白紙の文化祭

狛江が転校してきたのは、文化祭の十日前だった。

教室ではすでに準備が始まり、壁には作業表が貼られ、班も役割も決まっていた。狛江の名前だけが、どの欄にもない。

「何かやりたいことある?」

委員が訊いた。

狛江は教室を見回した。段ボールの城、絵の具だらけの床、台本を読む声。何を選んでも途中から入り込む感じがして、「何でも」と答えた。

与えられたのは、入口の看板だった。

縦長の大きな板へ、催しの題名を書く。下書きは誰かが済ませていた。狛江は黒い絵の具で線をなぞるだけ。

放課後、一人で作業した。

一文字目、二文字目。筆跡は自分のものなのに、字の形は他人が決めている。

三文字目の途中で、委員が戻ってきた。

「進んでる?」

「うん」

「ごめん、つまらない仕事で」

「別に」

「途中からだと、入りにくいよね」

「別に」

同じ返事を二度すると、本当にそうではないことがばれた。

委員は看板の右下を指した。

「ここ、空いてる」

「日付を書くところ?」

「何でもいいところ」

狛江は小さな四角を鉛筆で囲った。

何を描けばいいかわからない。前の学校の校章。引っ越し前の駅。新しいクラスの顔。どれも看板には似合わない。

結局、白いまま残した。

文化祭当日、入口の看板は目立った。客は題名だけを見て教室へ入る。誰も右下の空白には気づかない。

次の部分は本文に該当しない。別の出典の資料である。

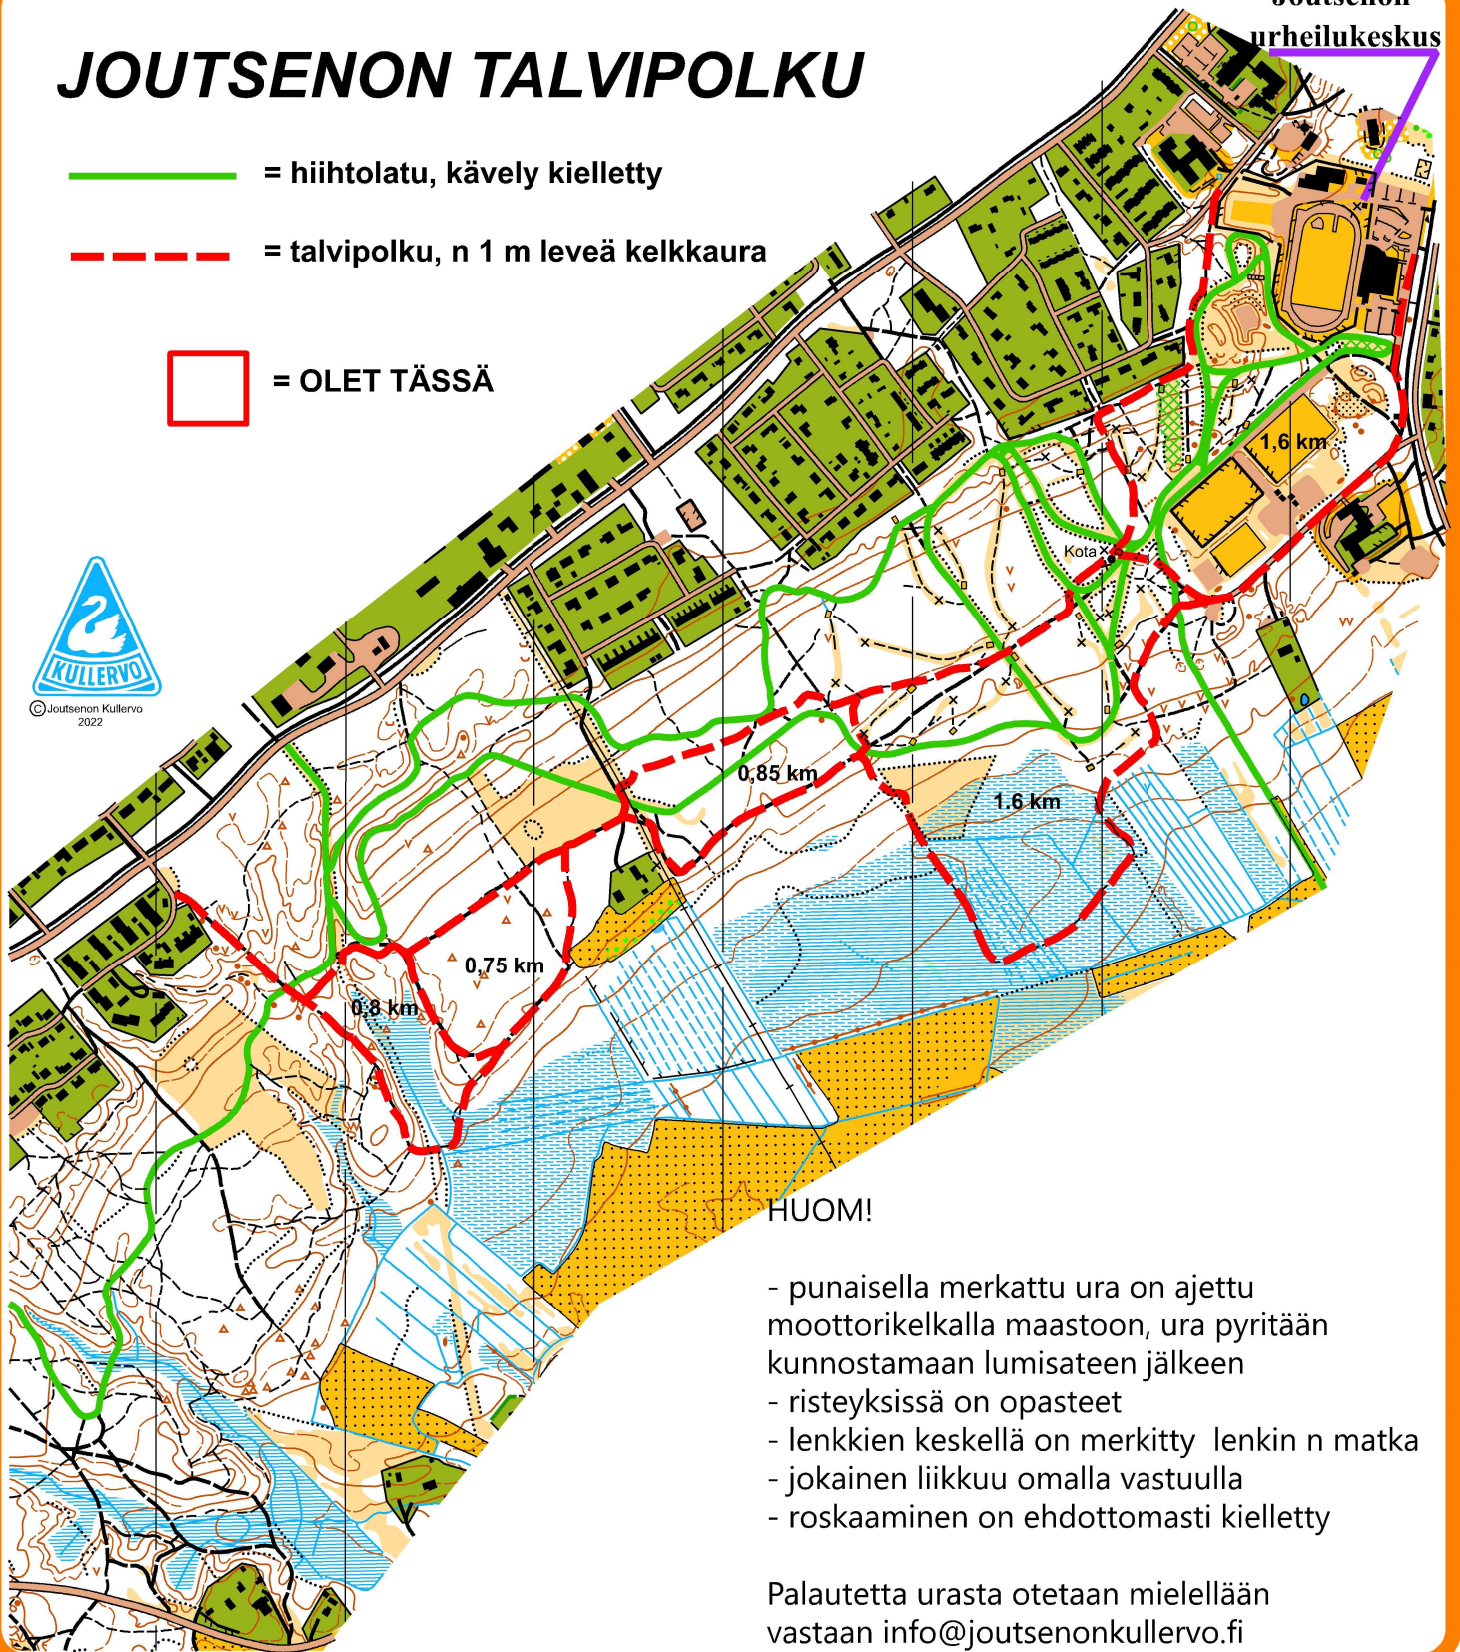

JOUTSENON TALVIPOLKU

Joutsenon
urheilukeskus

 = hiihtolatu, kävely kielletty

 = talvipolku, n 1 m leveä kelkkaura

 = OLET TÄSSÄ

© Joutsenon Kullervo
2022

HUOM!

- punaisella merkattu ura on ajettu moottorikelkalla maastoon, ura pyritään kunnostamaan lumisateen jälkeen
- risteyksissä on opasteet
- lenkkien keskellä on merkitty lenkin n matka
- jokainen liikkuu omalla vastuulla
- roskaaminen on ehdottomasti kielletty
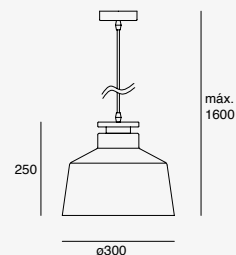

Luminario decorativo
suspendido
Negro
Material Aluminio
GU10 MR16
IP20

19901-NG

50W máx.
127V~ 60Hz
Ø120*1200mm

19903-NG

150W máx.
(3x50W)
127V~ 60Hz
*430*Ø80*1200mm

Nube

Luminario suspendido
Blanco y madera clara
Material Acero y madera
E26.
IP20
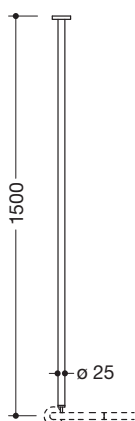

## Deckenabhangung 900.34.00460

- gerade Stange mit Befestigungsrosette
- dient zur Befestigung von Vorhangstangen
- aus hochwertigem Edelstahl, pulverbeschichtet in den HEWI Farben DX (Weiß tiefmatt), DC (Schwarz tiefmatt), AY (Hellgrau Perlglimmer tiefmatt) und SC (Dunkelgrau Perlglimmer tiefmatt)
- Länge 1500 mm
- Stangendurchmesser 25 mm, Rosettendurchmesser 70 mm
- kann an der Rosette bauseits bis auf 200 mm gekürzt werden
- Befestigung mit Rosette an der Decke
- inklusive korrosionsfreiem Befestigungsmaterial sowie Dichtband zur Abdichtung der Bohrpunkte

Abbildung ähnlich

## Abmessungen in mm

nachträglich einsetzbar  
am 90°-Bogen
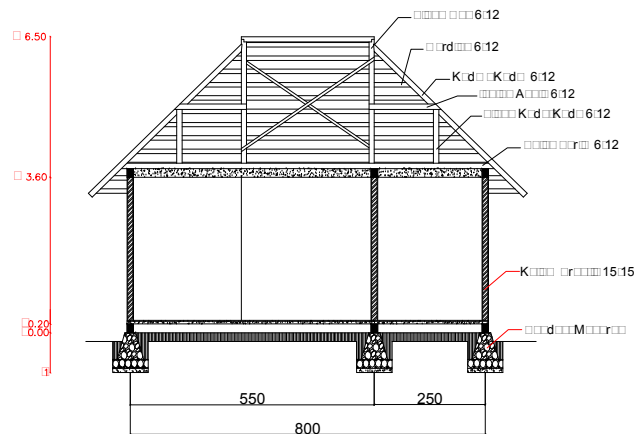

KEPRO ARSITEKTUR

SILVESTER M. SISO, ST. M. Sc
NIPY : 19802009378

DIGAMBAR OLEH
NAMA : MARIA KLEMENSIA ITO BENGA
NIM : 2016 320764

 **POTONGAN A-A**
SKALA 1:100

 **POTONGAN B-B**
SKALA 1:100

JUDUL GAMBAR	SKALA BAMBAR	JML_HLMN

昼過ぎ、狛江が受付をしていると、小学生が看板の前で立ち止まった。

「ここ、塗り忘れ?」

白い四角を指している。

「そうかも」

「描いていい?」

「何を」

「今日の顔」

小学生は受付のペンを借り、丸い笑顔を一つ描いた。

それを見たクラスメイトが、自分も描いた。来場者、先生、隣のクラス。白い四角は小さな顔で埋まっていった。

狛江も最後に一つ描いた。

髪型も目も簡単な、誰ともわからない顔。

「これ誰?」と委員が訊く。

「今日ここにいた人」

「狛江?」

「たぶん」

文化祭が終わり、看板を外す。

題名の大きな字は、作った教室名を示していた。けれど狛江が持ち帰りたいと思ったのは、右下の小さな四角だった。

転校して最初に自分の場所になったのは、誰かが割り当てた欄ではない。

塗り忘れたまま残していた、白紙の一角だった。